Specialization

Process

I started with trying to find a a good library to record, and playback, audio. I settled with FMod since that's a Library that I have some experience with. It would also simplify the proximity part. The goal with FMod was to then extract raw data, in form of a char pointer, from the sound and then send it to another client for recreation of the sound.

The Code used for recording

I started by looking at FMod's example for recording. In their example they create a sound and get a index for a input device. They then use these to start a recording on that specific sound. It's also important to notice that they create a sound with a circular buffer with the length of one second (calculated with the microphones hertz). Altough their code for recording worked for what I needed, my method for playback would need to be changed since I can't just play it like they do.

The code I used for recording was pretty much ripped out of the example from above. The biggest change was to allow the use to choose which input device they want and that all the code for this should run on a seperate thread. I also limited the hertz of the audio to 16000, since that made it so that the size of the data was within a certain limit (under 512 bytes).

To then extract the data I used the locking and unlocking of the sound. Since the sound has a circular buffer, I just need to add the length the last bit of data to the offset and then take our current position in the sound minus the offset to get the new length. I then take the char array, and it's size, and use winsock2 to send it to the server. All the server then does is send it to all other clients.

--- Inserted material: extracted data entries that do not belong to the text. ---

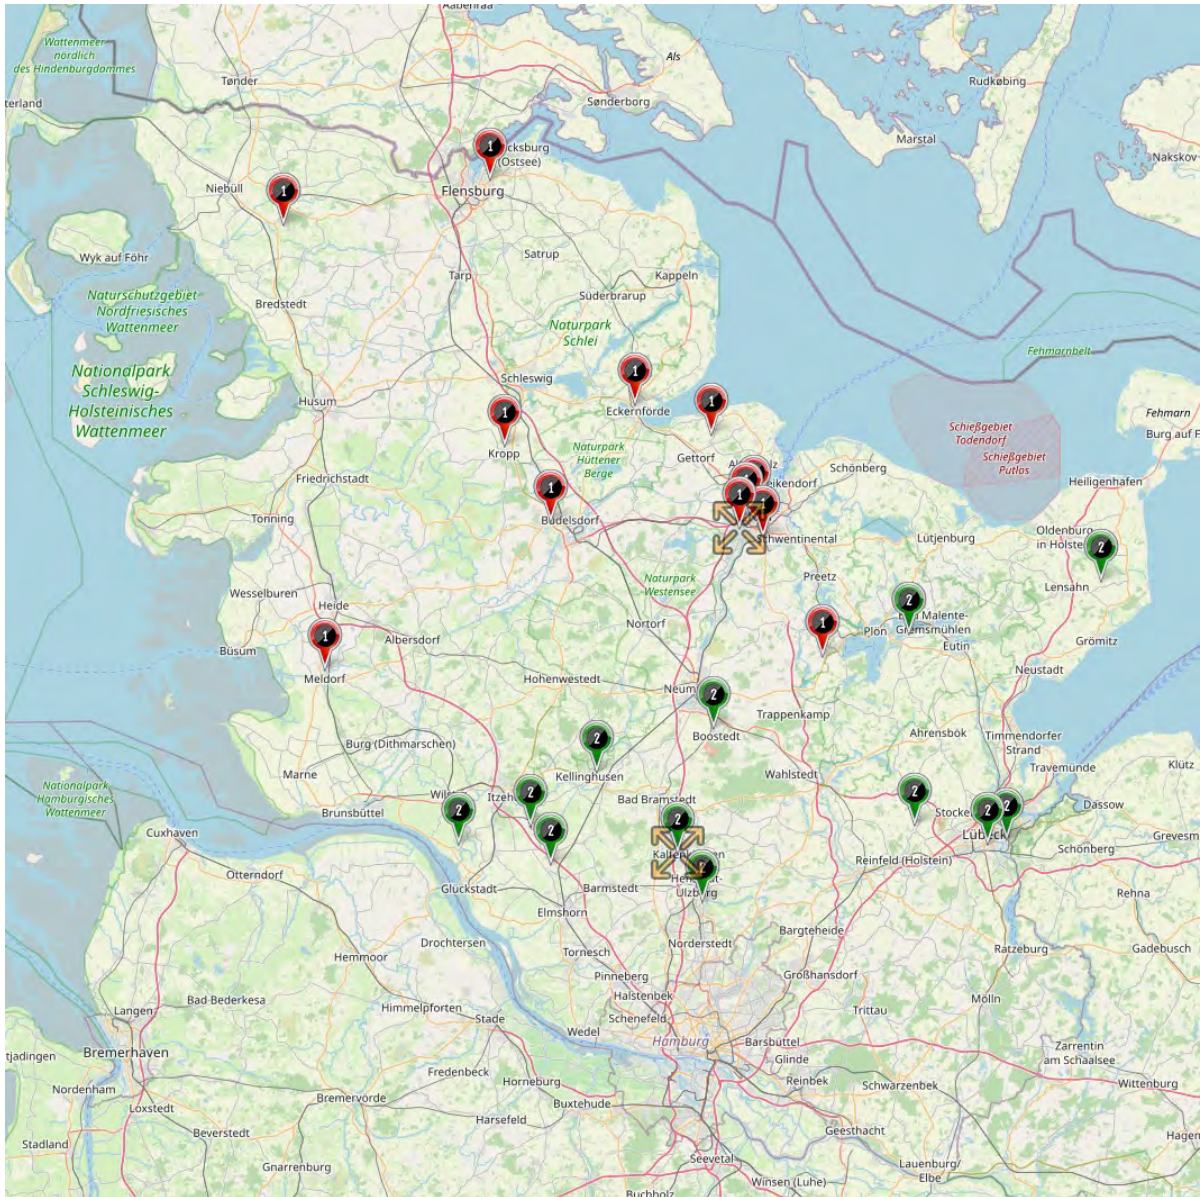

Staffeleinteilung Frauen Landesliga

Altersklasse: Frauen
Spielklassenebene: Landesliga
Mannschaftenanzahl: 24
Staffelanzahl: 2
Staffelgröße: 2 Staffeln à 12 Mannschaften

Landesliga Schleswig , 12er-Staffel

Landesliga Holstein, 12er-Staffel

Staffelnr. / Name	Mannschaftsname	Mannschaftsnr.	Spieleranzahl	
1 Landesliga Schleswig	FC Kilia Kiel	1	11	
	IF Stjernen Flensburg	1	11	
	Kieler MTV II	2	11	
	SG EMTV/ Fleckeby	1	11	
	SG Kalübbe/Bosau/Sarau	1	11	
	SG Langenhorn/Enge-Sande	1	11	
	SG Neudorf-B./Osdorf	1	11	
	SG Russee/Klausdorf	1	11	
	SSG Rot-Schwarz Kiel II	2	11	
	TSV Kropp	1	11	
	TuRa Meldorf	1	11	
	TuS Rotenhof	1	11	
	2 Landesliga Holstein	Eichholzer SV	1	11
FSC Kaltenkirchen		1	11	
SG Ostholstein RL		1	11	
SG Wilstermarsch		1	11	
SV Boostedt		1	11	
SV Fortuna Bösdorf		1	11	
SV Fortuna St. Jürgen 1		1	11	
SV Henstedt-Ulzburg II		2	11	
SV Neuenbrook/Rethwisch		1	11	
TSV Zarpfen		1	11	
VfL Kellinghusen		1	11	
VfR Horst		1	11

For the playback on the other clients, all I had to do, in theory, was to then recreate the sound by feeding in the char array in the name slot and use the FMOD_OPENMEMORY setting. after that I would just need to play the sound.

Result

The result was, sadly enough, way too subpar. While I am able to get the data of the sound and send it through winsock for playback, the sound that plays back, even if I skip the network part and just play it on the same device, is not right. From what I can hear, the sound that plays seems to be slower and more robotic, and since the audio is slower, it also means it gets cut-off before the whole sound is played.

I tried increasing the frequency of the sound, but that only made it so that my voice became more high pitched, which was a expected biproduct.

The code I wrote can be downloaded here, it is not finished but if someone who is better than FMod had a look at it, they might be able to solve it. That's why I'm letting this code be "open-source", meaning that anyone can use and edit it however they want without crediting me.

Link To Download

Reflection

Even though I've written quite a lot of code in FMod recently, I am still unsure why this code produced the results that it did. The latest theory is that lock-ing the sound to extract the data also pauses the recording. The solution to that would be to create the sound using FMOD_OPENMEMORY_POINT and then feeding in my own buffer to read from, but I've been unable to test that solution since I haven't had a spare moment to do so.